Information:
▬▬▬▬▬▬

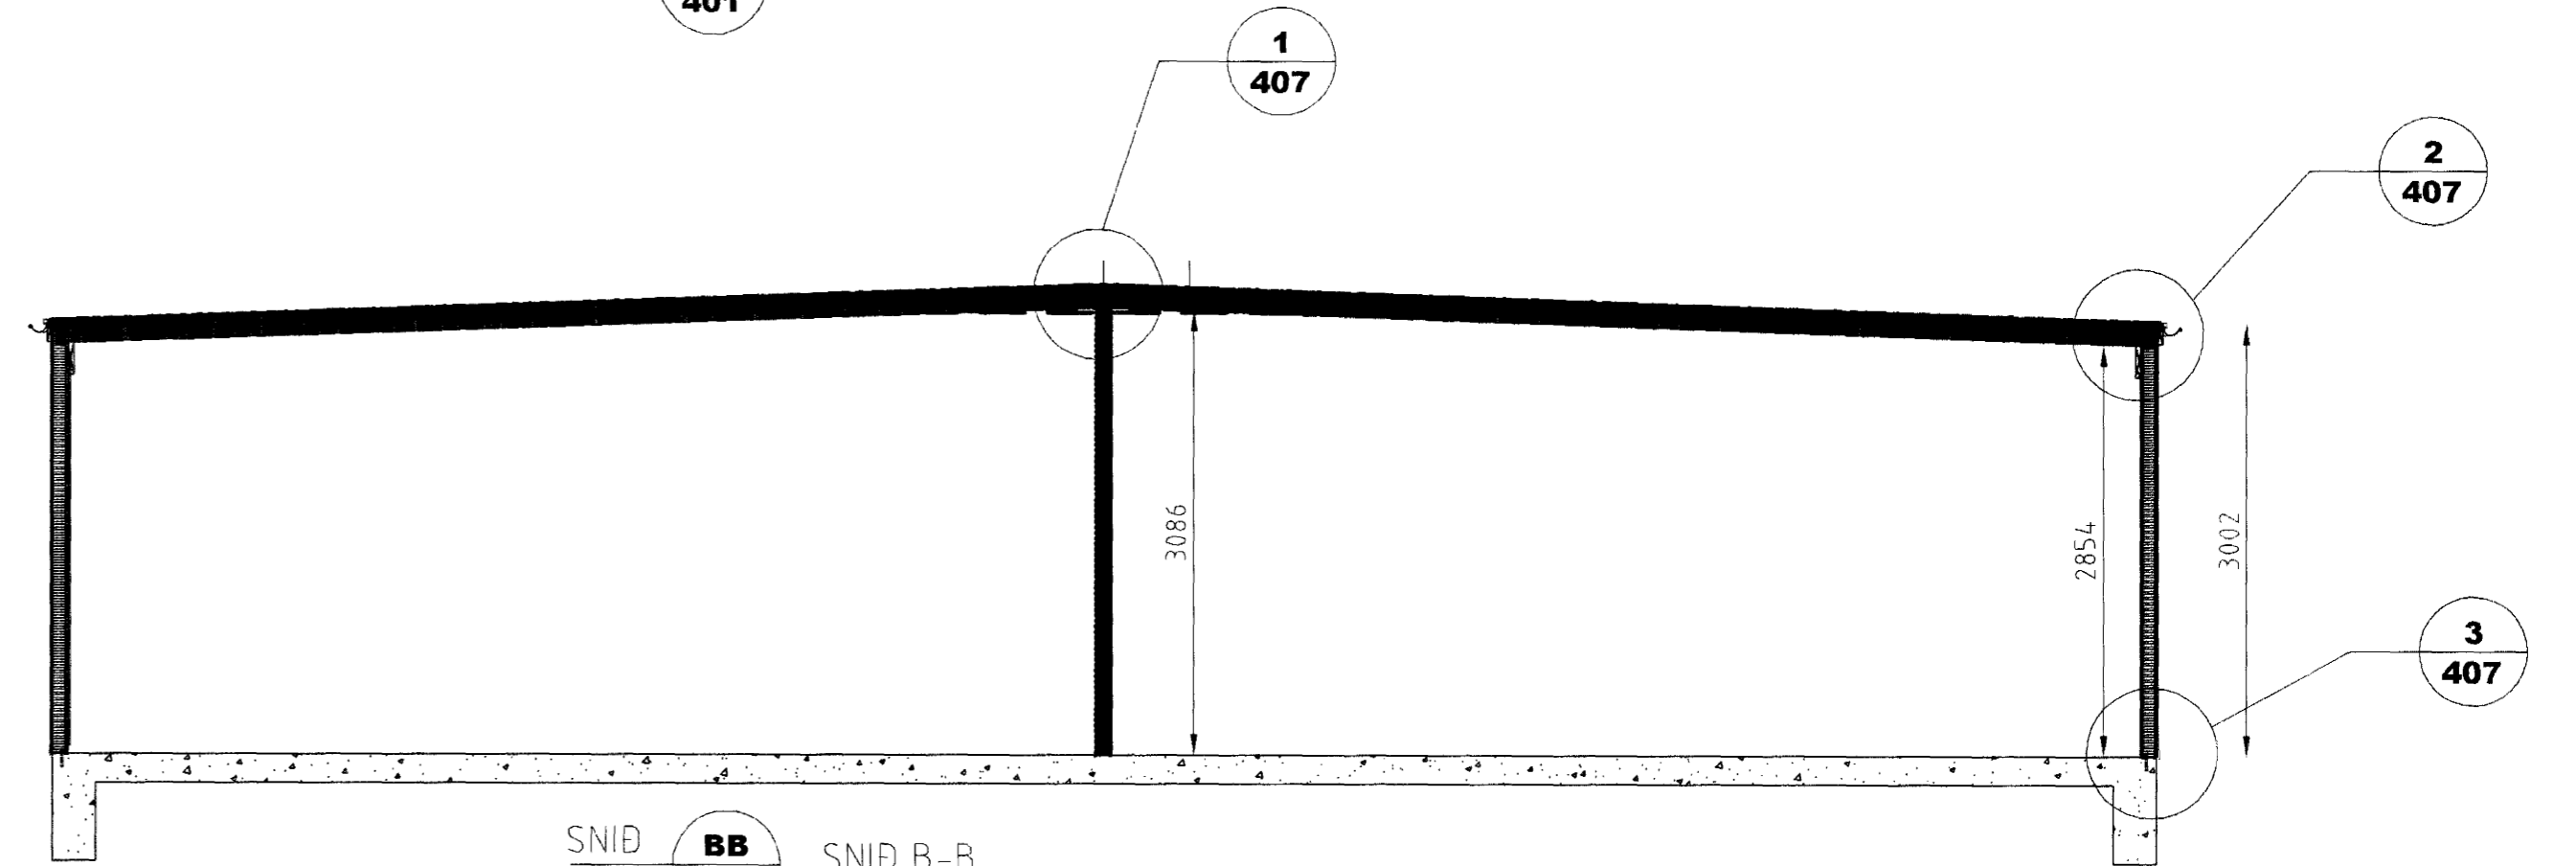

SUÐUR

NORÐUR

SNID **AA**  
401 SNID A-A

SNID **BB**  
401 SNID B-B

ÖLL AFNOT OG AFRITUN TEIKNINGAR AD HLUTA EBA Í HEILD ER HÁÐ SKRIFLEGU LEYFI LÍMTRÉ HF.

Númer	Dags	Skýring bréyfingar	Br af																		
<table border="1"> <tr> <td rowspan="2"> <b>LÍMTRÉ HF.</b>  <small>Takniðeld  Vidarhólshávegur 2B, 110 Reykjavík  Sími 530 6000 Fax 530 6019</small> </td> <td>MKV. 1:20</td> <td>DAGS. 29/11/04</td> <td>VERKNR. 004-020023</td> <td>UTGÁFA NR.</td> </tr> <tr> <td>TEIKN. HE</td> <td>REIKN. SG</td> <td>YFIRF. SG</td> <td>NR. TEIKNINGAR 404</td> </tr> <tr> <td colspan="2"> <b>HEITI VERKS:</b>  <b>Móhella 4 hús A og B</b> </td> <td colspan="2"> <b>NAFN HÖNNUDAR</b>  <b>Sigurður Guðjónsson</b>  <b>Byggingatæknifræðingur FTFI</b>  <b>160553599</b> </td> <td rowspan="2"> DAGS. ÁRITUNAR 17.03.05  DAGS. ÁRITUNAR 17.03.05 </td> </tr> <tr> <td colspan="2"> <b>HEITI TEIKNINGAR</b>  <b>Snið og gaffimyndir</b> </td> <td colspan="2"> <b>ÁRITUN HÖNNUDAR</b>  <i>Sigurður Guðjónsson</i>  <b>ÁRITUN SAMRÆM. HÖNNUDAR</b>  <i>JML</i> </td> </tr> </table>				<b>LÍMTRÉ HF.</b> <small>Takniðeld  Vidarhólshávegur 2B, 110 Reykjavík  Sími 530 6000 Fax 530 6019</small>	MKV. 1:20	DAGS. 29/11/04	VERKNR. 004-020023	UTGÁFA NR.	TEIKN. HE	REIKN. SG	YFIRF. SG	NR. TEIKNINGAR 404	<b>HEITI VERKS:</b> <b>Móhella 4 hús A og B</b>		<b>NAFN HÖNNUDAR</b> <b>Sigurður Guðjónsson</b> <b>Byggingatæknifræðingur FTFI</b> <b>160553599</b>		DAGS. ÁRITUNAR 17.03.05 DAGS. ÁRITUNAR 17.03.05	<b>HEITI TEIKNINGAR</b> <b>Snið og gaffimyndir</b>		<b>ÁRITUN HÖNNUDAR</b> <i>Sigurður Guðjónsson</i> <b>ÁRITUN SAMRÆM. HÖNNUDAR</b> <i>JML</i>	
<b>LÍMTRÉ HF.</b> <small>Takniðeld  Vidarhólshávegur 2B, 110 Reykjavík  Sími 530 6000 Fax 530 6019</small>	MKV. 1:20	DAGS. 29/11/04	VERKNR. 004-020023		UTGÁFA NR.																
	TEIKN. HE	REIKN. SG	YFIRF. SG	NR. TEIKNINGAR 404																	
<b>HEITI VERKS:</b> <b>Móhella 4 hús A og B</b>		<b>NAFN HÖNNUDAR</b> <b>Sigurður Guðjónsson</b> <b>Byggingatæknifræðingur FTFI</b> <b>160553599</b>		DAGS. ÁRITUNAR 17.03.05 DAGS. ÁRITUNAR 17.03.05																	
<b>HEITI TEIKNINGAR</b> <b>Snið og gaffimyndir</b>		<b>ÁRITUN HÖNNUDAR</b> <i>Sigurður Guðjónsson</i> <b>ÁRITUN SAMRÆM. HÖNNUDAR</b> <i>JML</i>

▬▬▬▬▬▬

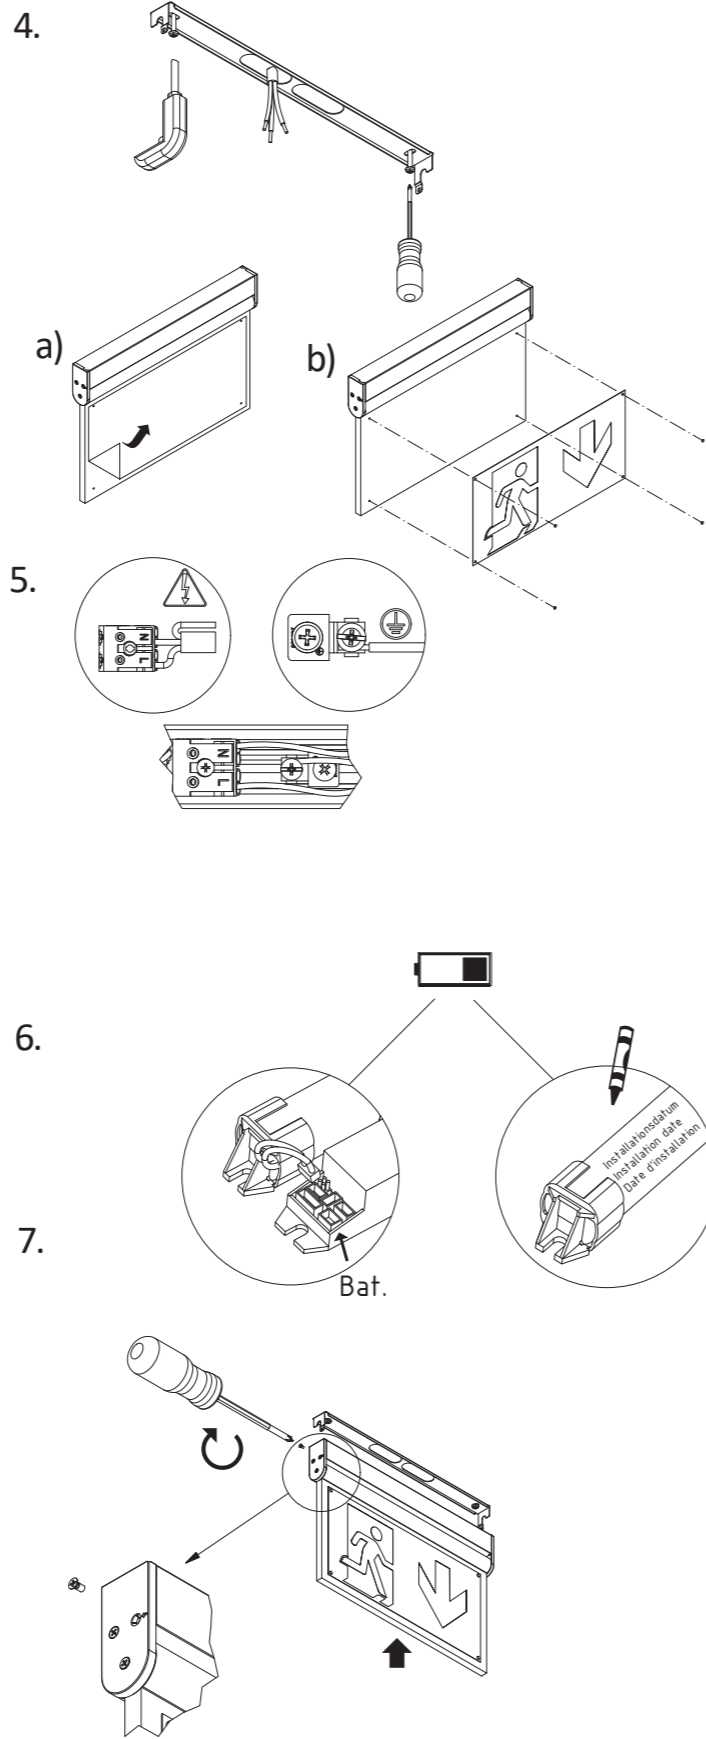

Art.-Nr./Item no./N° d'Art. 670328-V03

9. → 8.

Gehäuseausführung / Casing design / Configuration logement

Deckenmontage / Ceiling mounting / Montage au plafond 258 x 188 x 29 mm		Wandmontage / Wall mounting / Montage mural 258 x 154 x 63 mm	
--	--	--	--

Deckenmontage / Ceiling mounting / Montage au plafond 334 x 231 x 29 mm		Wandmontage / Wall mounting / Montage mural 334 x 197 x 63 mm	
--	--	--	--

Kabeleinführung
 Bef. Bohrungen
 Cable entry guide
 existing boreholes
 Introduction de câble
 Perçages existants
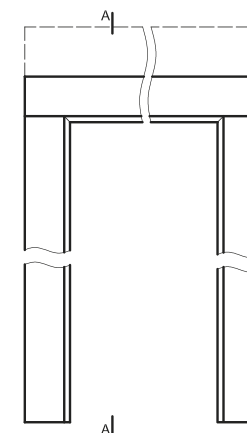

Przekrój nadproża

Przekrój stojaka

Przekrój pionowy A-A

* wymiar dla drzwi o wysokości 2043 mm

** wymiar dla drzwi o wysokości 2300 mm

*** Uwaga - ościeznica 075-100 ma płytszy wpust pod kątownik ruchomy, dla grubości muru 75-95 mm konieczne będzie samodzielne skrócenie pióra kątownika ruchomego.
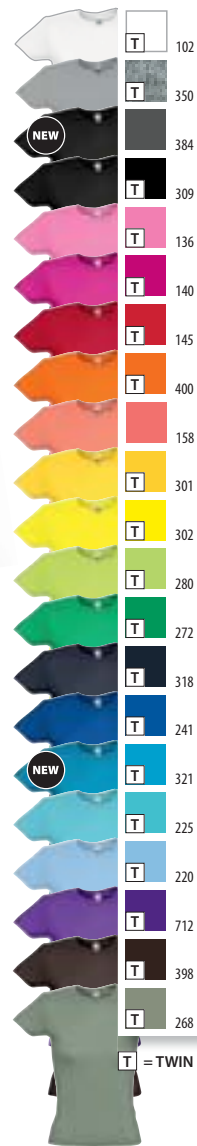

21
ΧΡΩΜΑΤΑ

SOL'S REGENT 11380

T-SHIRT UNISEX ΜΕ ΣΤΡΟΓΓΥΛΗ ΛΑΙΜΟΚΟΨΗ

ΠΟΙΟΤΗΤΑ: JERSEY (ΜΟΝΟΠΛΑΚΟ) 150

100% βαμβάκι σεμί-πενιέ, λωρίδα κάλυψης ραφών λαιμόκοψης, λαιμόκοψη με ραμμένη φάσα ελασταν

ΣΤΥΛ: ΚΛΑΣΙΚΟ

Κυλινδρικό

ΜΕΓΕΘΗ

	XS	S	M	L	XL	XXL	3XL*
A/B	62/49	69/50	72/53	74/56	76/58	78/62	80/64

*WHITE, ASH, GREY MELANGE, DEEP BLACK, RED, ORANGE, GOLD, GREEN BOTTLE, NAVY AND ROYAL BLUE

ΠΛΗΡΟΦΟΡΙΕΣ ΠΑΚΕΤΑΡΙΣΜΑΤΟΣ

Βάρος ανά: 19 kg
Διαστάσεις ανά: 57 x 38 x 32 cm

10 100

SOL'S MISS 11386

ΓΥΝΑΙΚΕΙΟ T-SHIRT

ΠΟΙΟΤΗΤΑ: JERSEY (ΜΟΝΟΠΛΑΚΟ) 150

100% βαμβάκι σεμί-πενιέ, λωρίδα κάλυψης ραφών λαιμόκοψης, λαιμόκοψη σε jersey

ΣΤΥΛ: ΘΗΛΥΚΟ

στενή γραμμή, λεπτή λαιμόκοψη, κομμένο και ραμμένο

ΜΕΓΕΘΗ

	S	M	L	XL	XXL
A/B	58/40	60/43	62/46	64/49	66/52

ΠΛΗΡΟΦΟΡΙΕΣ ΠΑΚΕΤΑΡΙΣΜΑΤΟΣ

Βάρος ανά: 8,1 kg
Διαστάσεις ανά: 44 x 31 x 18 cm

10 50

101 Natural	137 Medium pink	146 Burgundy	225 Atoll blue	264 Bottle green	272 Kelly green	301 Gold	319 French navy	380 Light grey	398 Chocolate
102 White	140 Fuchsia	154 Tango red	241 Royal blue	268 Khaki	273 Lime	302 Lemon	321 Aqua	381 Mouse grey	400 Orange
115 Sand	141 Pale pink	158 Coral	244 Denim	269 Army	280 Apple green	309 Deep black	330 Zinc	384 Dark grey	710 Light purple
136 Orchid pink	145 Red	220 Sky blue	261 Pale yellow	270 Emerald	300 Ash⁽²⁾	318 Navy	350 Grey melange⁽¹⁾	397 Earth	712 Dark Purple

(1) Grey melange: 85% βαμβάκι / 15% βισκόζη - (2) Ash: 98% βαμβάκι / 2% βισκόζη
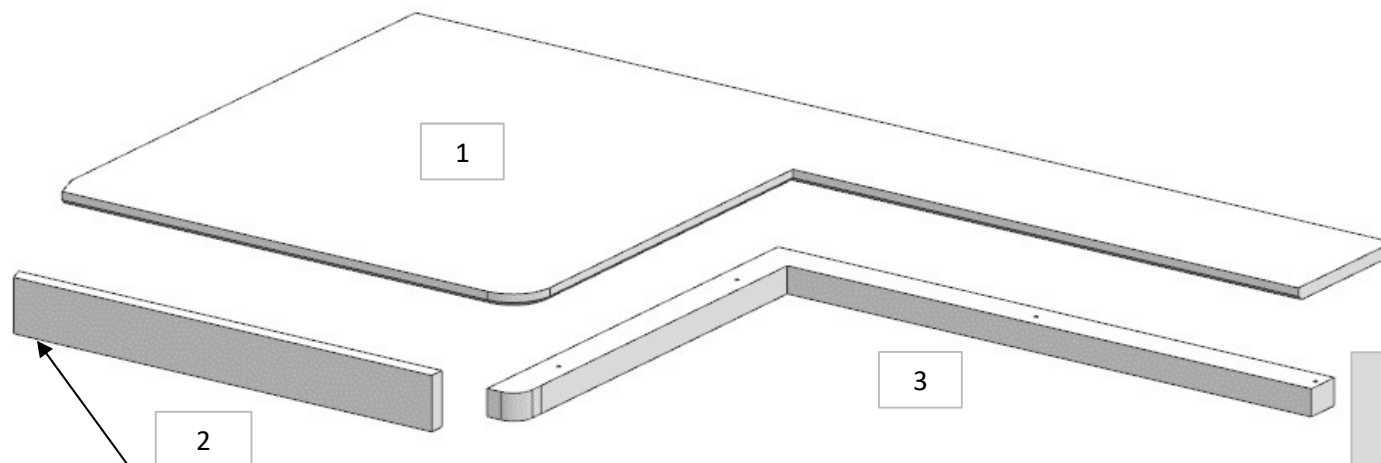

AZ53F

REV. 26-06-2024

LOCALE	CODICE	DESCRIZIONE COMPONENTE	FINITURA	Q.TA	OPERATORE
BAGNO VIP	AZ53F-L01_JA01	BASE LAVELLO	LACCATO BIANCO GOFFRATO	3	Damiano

▬▬▬▬▬▬

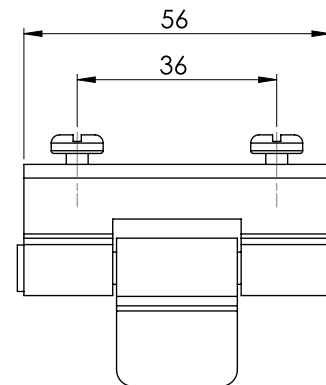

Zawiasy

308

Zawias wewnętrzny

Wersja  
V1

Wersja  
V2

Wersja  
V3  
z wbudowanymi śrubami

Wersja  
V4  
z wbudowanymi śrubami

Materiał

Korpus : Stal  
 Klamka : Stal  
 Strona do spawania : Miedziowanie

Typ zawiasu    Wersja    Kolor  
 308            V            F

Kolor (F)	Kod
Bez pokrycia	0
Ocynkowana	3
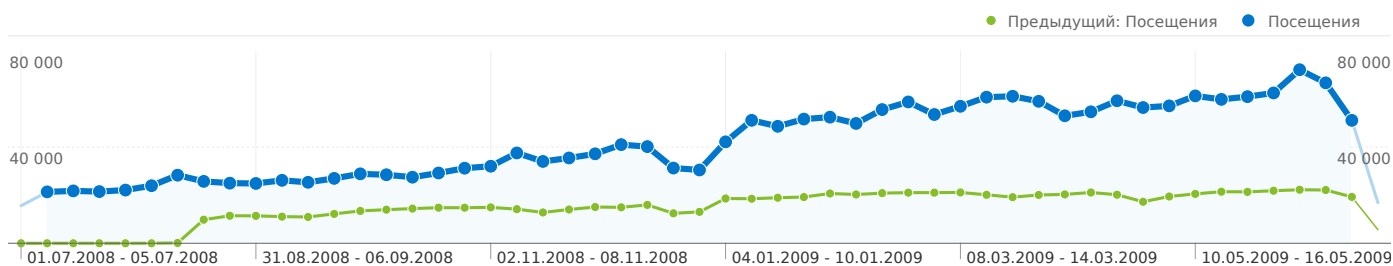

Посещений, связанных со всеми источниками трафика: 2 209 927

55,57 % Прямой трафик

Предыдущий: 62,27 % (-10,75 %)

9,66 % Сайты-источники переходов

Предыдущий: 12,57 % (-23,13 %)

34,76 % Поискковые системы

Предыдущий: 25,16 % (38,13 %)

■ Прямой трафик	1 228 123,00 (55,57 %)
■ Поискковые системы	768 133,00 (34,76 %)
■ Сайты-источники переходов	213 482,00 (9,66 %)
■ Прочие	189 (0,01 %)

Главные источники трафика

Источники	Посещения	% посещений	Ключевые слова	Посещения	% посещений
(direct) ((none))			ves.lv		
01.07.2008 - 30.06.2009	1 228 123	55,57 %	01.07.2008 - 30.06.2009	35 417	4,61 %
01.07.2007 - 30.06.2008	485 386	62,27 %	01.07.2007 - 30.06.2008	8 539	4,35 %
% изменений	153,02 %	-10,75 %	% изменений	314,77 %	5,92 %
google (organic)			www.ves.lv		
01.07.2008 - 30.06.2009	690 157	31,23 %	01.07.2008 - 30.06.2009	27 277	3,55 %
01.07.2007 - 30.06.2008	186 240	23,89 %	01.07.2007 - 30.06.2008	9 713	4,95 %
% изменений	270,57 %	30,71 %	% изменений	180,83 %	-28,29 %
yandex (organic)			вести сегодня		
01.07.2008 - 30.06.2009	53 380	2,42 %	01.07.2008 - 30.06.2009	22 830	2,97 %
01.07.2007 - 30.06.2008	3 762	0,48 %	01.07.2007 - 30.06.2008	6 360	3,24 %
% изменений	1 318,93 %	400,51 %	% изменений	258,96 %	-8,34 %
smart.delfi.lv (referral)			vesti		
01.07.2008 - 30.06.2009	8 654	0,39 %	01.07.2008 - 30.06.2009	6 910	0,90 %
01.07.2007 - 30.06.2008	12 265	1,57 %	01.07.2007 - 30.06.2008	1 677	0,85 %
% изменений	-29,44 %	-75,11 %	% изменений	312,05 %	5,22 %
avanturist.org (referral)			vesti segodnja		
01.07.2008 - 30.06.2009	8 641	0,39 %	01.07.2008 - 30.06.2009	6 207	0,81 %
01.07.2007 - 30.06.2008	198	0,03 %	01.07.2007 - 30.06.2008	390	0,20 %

▬▬▬▬▬▬

About this exercise: Filter the entries above and return only the lines holding "Поискковые".

Written solution:
34,76 % Поискковые системы
■ Поискковые системы	768 133,00 (34,76 %)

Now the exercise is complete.